Give a verbatim copy of the lines below, minus the pictures.
---- ENTRIES SUPPLIED
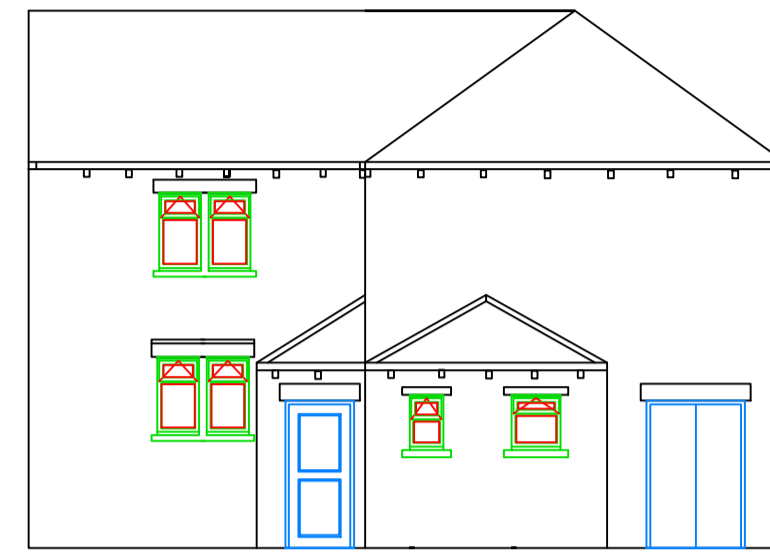

Existing side Elevation

Proposed side Elevation

Existing Floor Plan

Proposed Floor Plan

Proposed Entrance Elevation

Existing Entrance Elevation

Mrs K Harvey
The Farm House
Hardsill Hill Road
Parsloke
SO3 9PS
Proposed Storm Porch
Ref Dwg 1
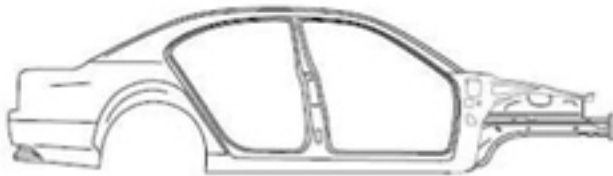

1750 Velp Ave
 Green Bay, WI 54303
 920-494-8100
 800-229-2886
 Fax: 920-405-7017
 www.BayAuto.com

Shop Name:	Yard Name: Bay Auto Parts
Contact Name:	Salesperson Name:
Contact Email:	Salesperson Email:
Shop's PO#	Order#:
Yr/Model:	Salesperson Direct #:
Phone:	Fax Back#:
<p>Body cuts including front end assemblies, quarter panels, roofs, center posts, rockers, rear clips, and box sides must have a cut sheet completed and signed by the customer before cutting begins. Body cuts are non-returnable and non-refundable. COD customers must pay in advance before cutting begins. Extra charges will apply for cuts that extend beyond the industry standard cut sections.</p>	

Cut Sheet: 4 Door Unibody

PASSENGER SIDE

TOP VIEW

DRIVER SIDE

UNDERBODY VIEW

Please use the area below for a detail of cut instructions:

Notes:
--------
* **RESULT**
Existing side Elevation

Proposed side Elevation

Existing Floor Plan

Proposed Floor Plan

Proposed Entrance Elevation

Existing Entrance Elevation

Mrs K Harvey
The Farm House
Hardsill Hill Road
Parsloke
SO3 9PS
Proposed Storm Porch
Ref Dwg 1

1750 Velp Ave
 Green Bay, WI 54303
 920-494-8100
 800-229-2886
 Fax: 920-405-7017
 www.BayAuto.com

Shop Name:	Yard Name: Bay Auto Parts
Contact Name:	Salesperson Name:
Contact Email:	Salesperson Email:
Shop's PO#	Order#:
Yr/Model:	Salesperson Direct #:
Phone:	Fax Back#:
<p>Body cuts including front end assemblies, quarter panels, roofs, center posts, rockers, rear clips, and box sides must have a cut sheet completed and signed by the customer before cutting begins. Body cuts are non-returnable and non-refundable. COD customers must pay in advance before cutting begins. Extra charges will apply for cuts that extend beyond the industry standard cut sections.</p>	

Cut Sheet: 4 Door Unibody

PASSENGER SIDE

TOP VIEW

DRIVER SIDE

UNDERBODY VIEW

Please use the area below for a detail of cut instructions:

Notes:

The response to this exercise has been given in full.